Restoration work on the proscenium arch of the Manoel Theatre and on boxes on the left hand side of the theatre starts today.
At a brief ceremony that inaugurated the second phase of the theatre's restoration yesterday evening, Manoel Theatre chairman Wilfred Kenely said that Sante Guido and his team of restorers, who had been entrusted with the first phase of restoration that ended before the start of the theatrical season last September, will also be responsible for the second phase.
Mr Kenely said that like last year, restoration work was this year starting just a few days after the last performance of the season. He said 49,000 people had visited the theatre since the first phase of restoration was completed last September. Apart from theatre audiences in the evening, many people including tourists had viewed the Manoel in the morning.
Thanking the sponsors who were acting as patrons and who were therefore making the restoration of the theatre possible, Mr Kenely said that a lift will be installed in the Manoel Theatre courtyard up to Sala Isouard while restoration works are carried out inside the theatre. He said the lift was being financed from public coffers and would be ready by September.
The government and the Manoel Theatre management were also carrying out a four-year upgrading plan that included the building of state-of-the-art rehearsal rooms behind the stage, together with new dressing rooms and other facilities, Mr Kenely said.
Explaining what the restoration of the auditorium entailed, Prof. Guido said the restoration team will, as from today, start removing layers of pollution that had accumulated along the centuries, as well as the false gold that has been applied to the gilding in past interventions.

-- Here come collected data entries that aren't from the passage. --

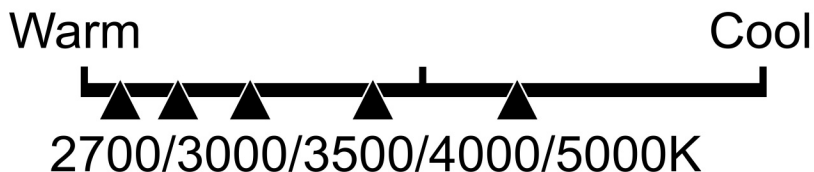

Lighting Facts Per Bulb

Brightness **800 lumens**

Estimated Yearly Energy Cost

Based on 3 hrs/day, 11¢/kWh.
Cost depends on rates and use.

Life

Based on 3 hrs/day

22.8 years

Light Appearance

Energy Used **8.8 Watts**

OM60GU245CCTCAH
DRP/4

Brightness

800

lumens

Estimated
Energy Cost

per year
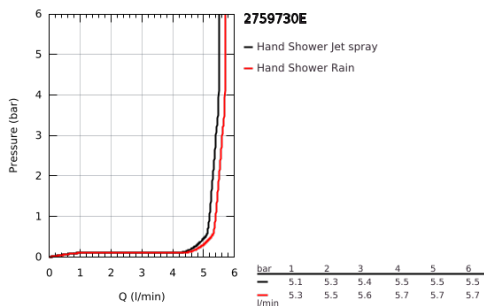

27 597 30E TEMPESTA 110 HAND SHOWER 2 SPRAYS

PRODUCT DESCRIPTION

- Colour: chrome
- spray patterns: Rain, Jet
- maximum flow rate (at 3 bar): 5.6 l/min
- GROHE SmartSwitch - easily rotate the dial to enjoy your preferred spray option
- GROHE DreamSpray - perfect spray pattern
- GROHE LongLife finish
- GROHE SpeedClean - effortless limescale removal
- Inner WaterGuide - inner insulation for surface protection
- ShockProof silicone ring prevents damages caused by shower falling
- universal mounting system, fitting all standard shower hoses
- minimum pressure 1.0 bar
- suitable for instantaneous heater
- professional edition

27 597 30E TEMPESTA 110 HAND SHOWER 2 SPRAYS

SPARE PARTS, April 2020 – now

1: Dirt strainer (Spare part-nr. 0700200M)
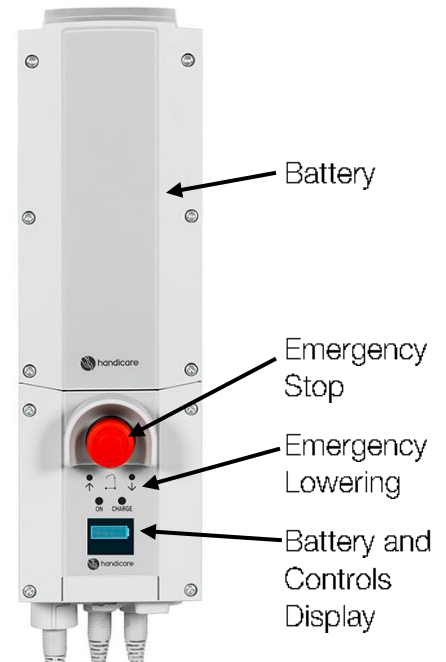

Making everyday life easier

QuickTips

Eva™

EVA450- 450lb/205kg weight capacity

EVA600- 600lb/273kg weight capacity

Hand Control

Troubleshooting

If the lift is not working as expected, follow these troubleshooting tips:

1. Ensure lift is unplugged to operate.
2. Ensure red emergency stop is disengaged (twist to disengage).
3. Ensure battery is properly secured and "clicked-in"
4. Check battery charge.
5. Secure hand control plug beneath control box, check and secure all plugs below control box.
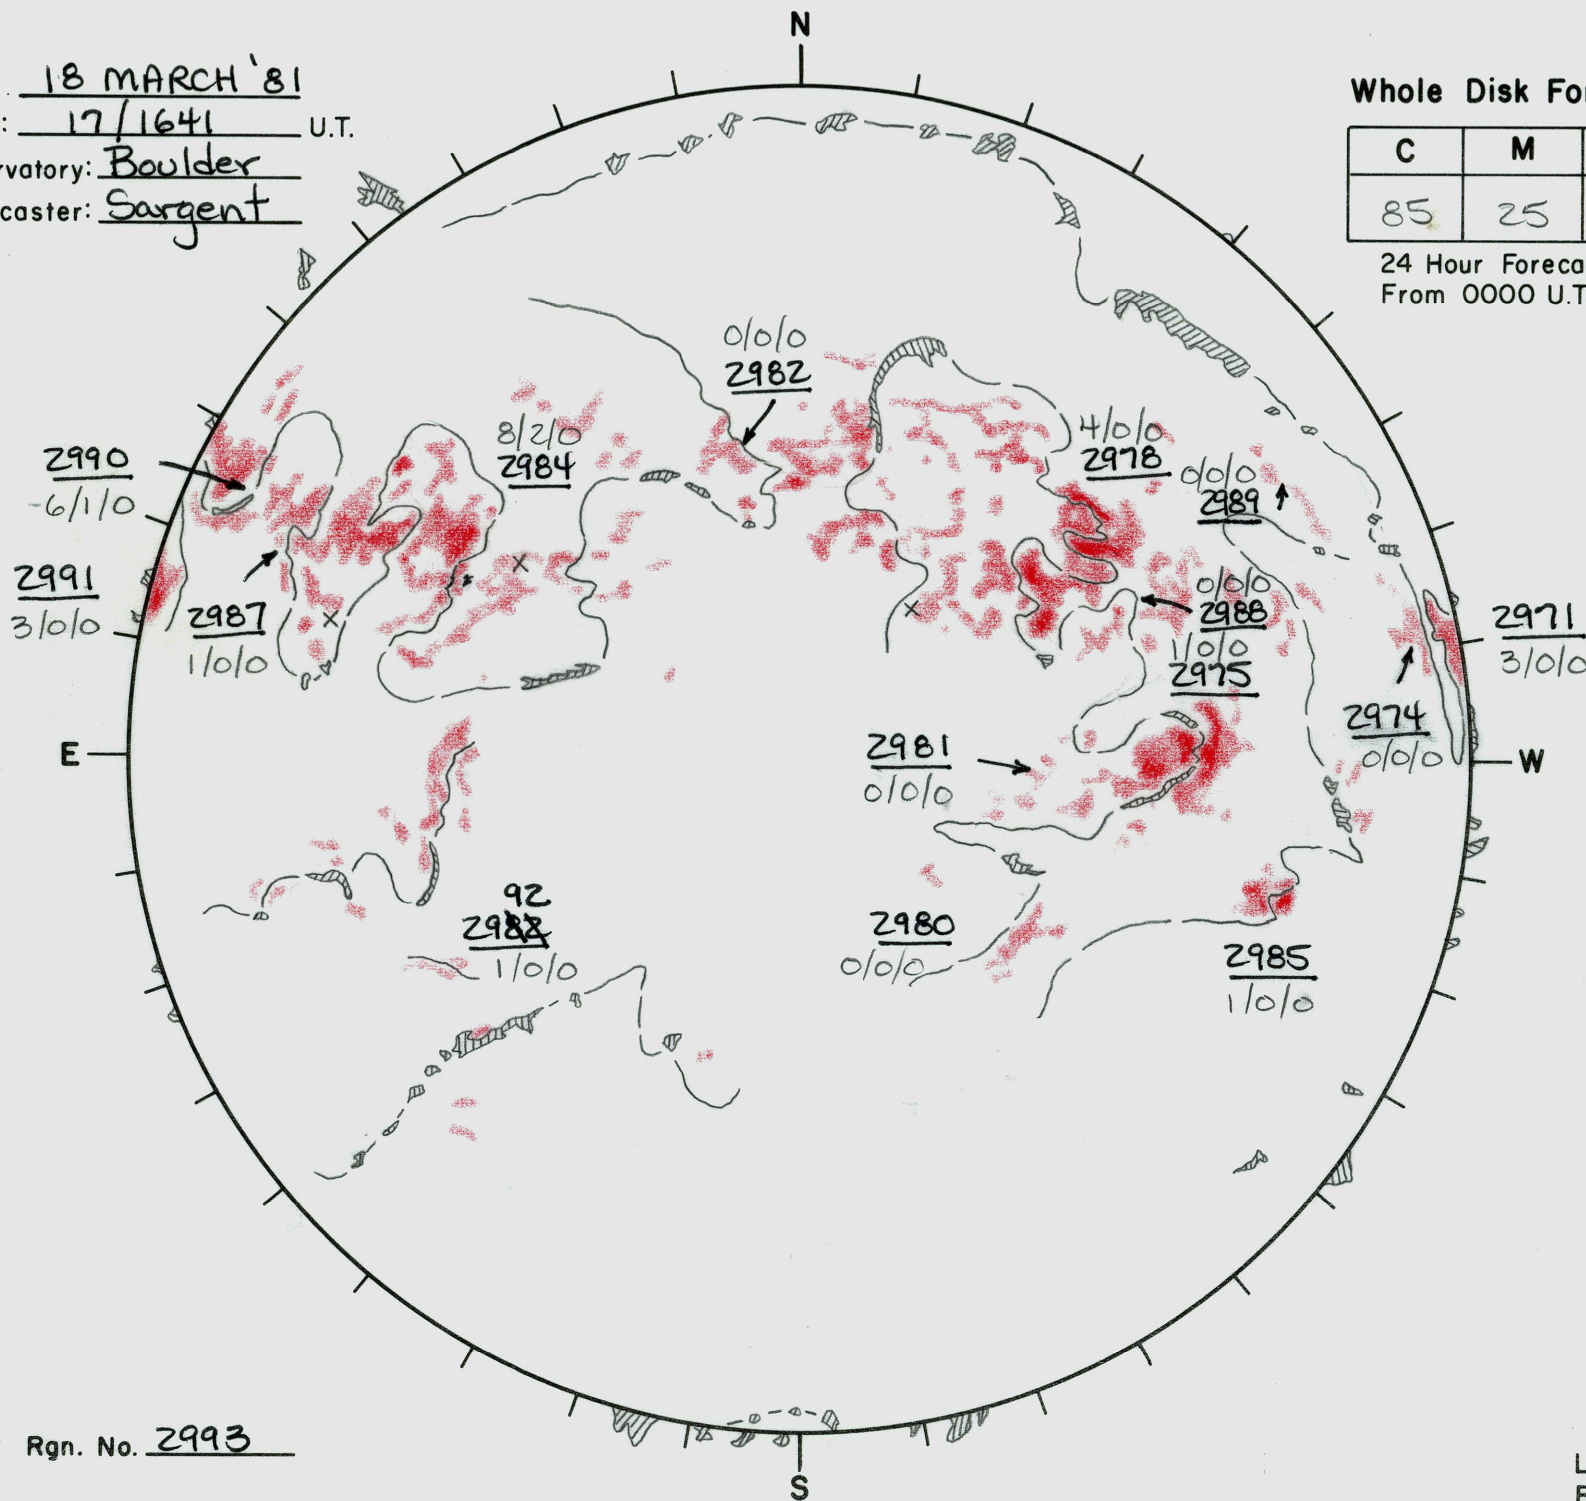

Date: 18 MARCH '81
 Time: 17/1641 U.T.
 Observatory: Boulder
 Forecaster: Sargent

Whole Disk Forecast

C	M	X	P
85	25	01	01

24 Hour Forecast
 From 0000 U.T. to 0000 U.T.

Next Rgn. No. 2993

L_↑ 237.5°
 B_↑ -7.11°
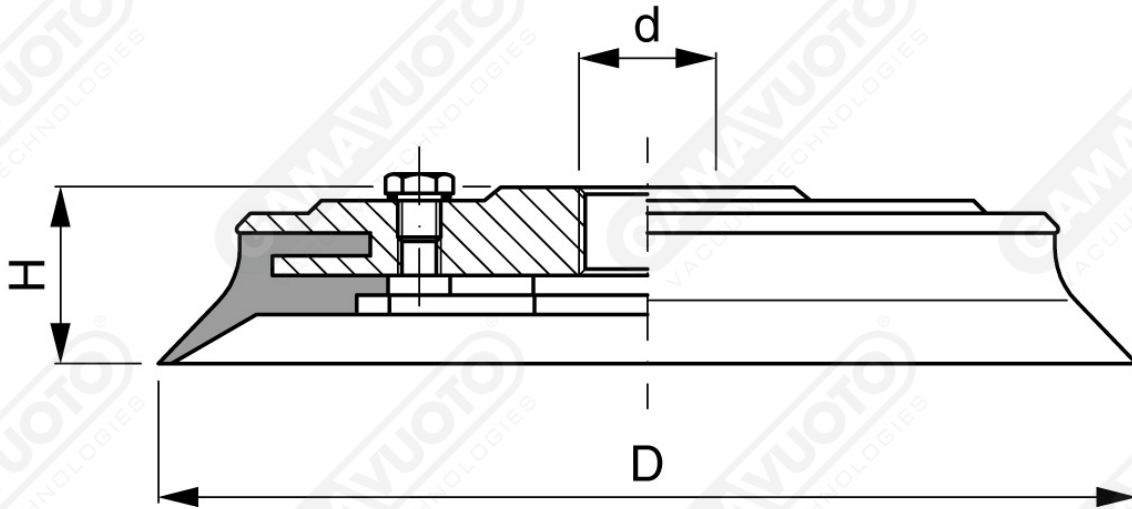

Disc suction cup

**Disc suction cups VP 150 series with support**

**Art. VP 150 40**

Art.	D	d	H	F
VP 150 40	150	1/2"	28	-

He said the intervention made last summer to restore the 45 frontispieces on the theatre boxes involved cleaning all the layers that had been applied along the years, to bring out the original colours of the 15 landscapes and the flowers painted on the panels.
"The original gilding on the wooden panels came out beautifully after the layers were removed," he said.
The frontispieces was dismantled and work was carried out in a laboratory. This time round, restoration work has to be done on site with the help of scaffolding that will be dismantled just before the start of the next theatrical season.
Prof. Guido said the blue paint applied between the boxes will not be removed even though it is not original. "It was applied to blend with the blue seats and the seats of the theatre and since this is not a full-blown restoration of the theatre, we decided to leave it untouched," he said.
The Malta International Airport is the main sponsor of the restoration, together with the Valletta Rehabilitation Project and Din l-Art Helwa through Computime.